About this task:
Scan the listing below and copy each line holding the word "roulettes".

Input data:
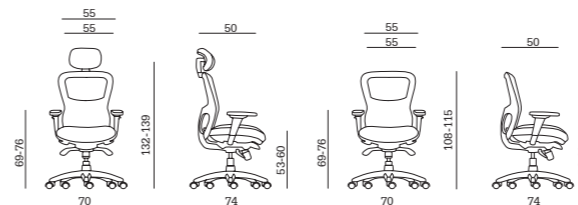

Jeu de roulettes bande caoutchouc libres Ø 65 mm (pour parquet)

**RQ 14****Set ruote gommata frenate Ø 65 mm (pavimenti in legno)**

Set of braked rubber castors Ø 65 mm (wooden floors)

Jeu de roulettes bande caoutchouc freinées Ø 65 mm (pour parquet)

**PF 02****Piedini fissi h 65 mm**

Fixed feet h 65 mm

Patins fixes h 65 mm

**PESI E MISURE/WEIGHTS AND SIZES/POIDS ET DIMENSIONS***Athos 01 PT*

volume/volume/volume

**0,24 m<sup>3</sup>**

peso/weight/poids

**32 Kg**
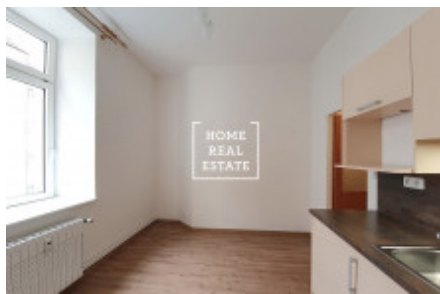

Аренда квартиры 1+kk, 20 m² - Roháčova, Praha 3

ID	35611	Предложение	Аренда
Группа	1+kk	Меблированная	Частично меблированная
Локация	Roháčova 1126/70	Форма собственности	Частная
Общая площадь	20 m ²	Город	Прага
Район	Прага 3	Городская часть	Žižkov
Статус	Реализовано		
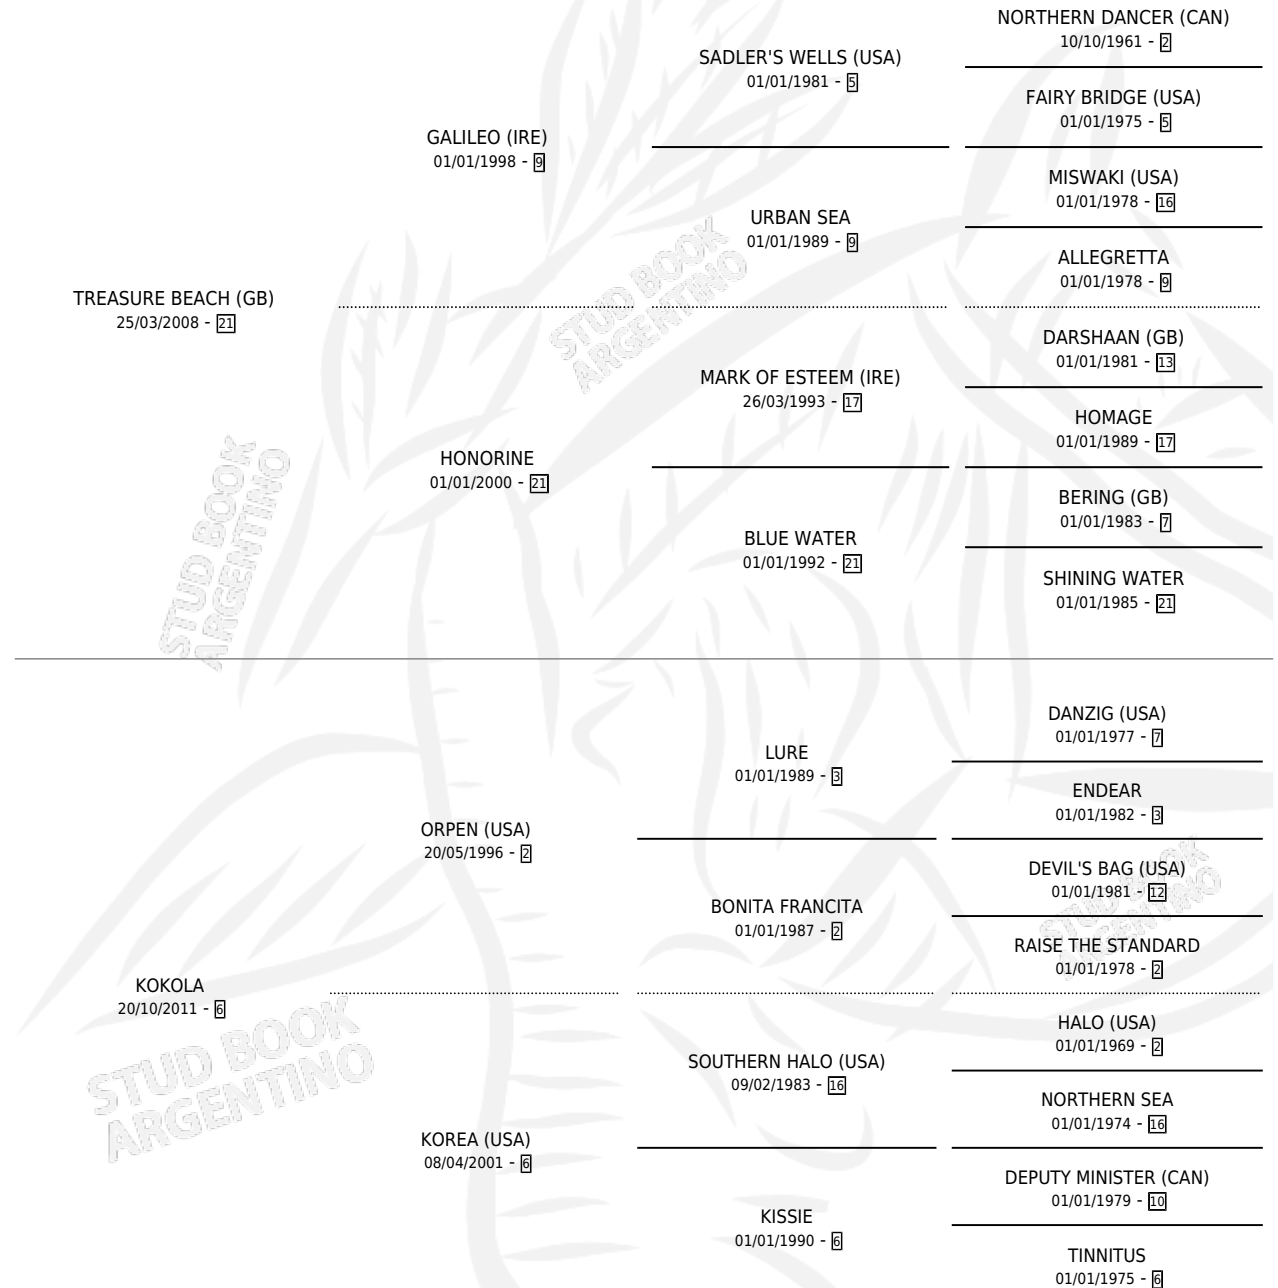

KONA ICE

por **TREASURE BEACH (GB)** y **KOKOLA** por **ORPEN (USA)**

Argentina · Hembra · Zaino · SP · 29/09/2023
Familia 6-a · Volumen 45

ESTADO

TIPIFICACIÓN SANGUÍNEA	X
TIPIFICACIÓN POR ADN	✓
PASAPORTE	✓
IDENTIFICACIÓN POR MICROCHIP	✓
REPRODUCTOR	X

Lugar de nacimiento: La Providencia

Criador: La Providencia

PEDIGREE

Exercise response:
Jeu de roulettes bande caoutchouc libres Ø 65 mm (pour parquet)
Jeu de roulettes bande caoutchouc freinées Ø 65 mm (pour parquet)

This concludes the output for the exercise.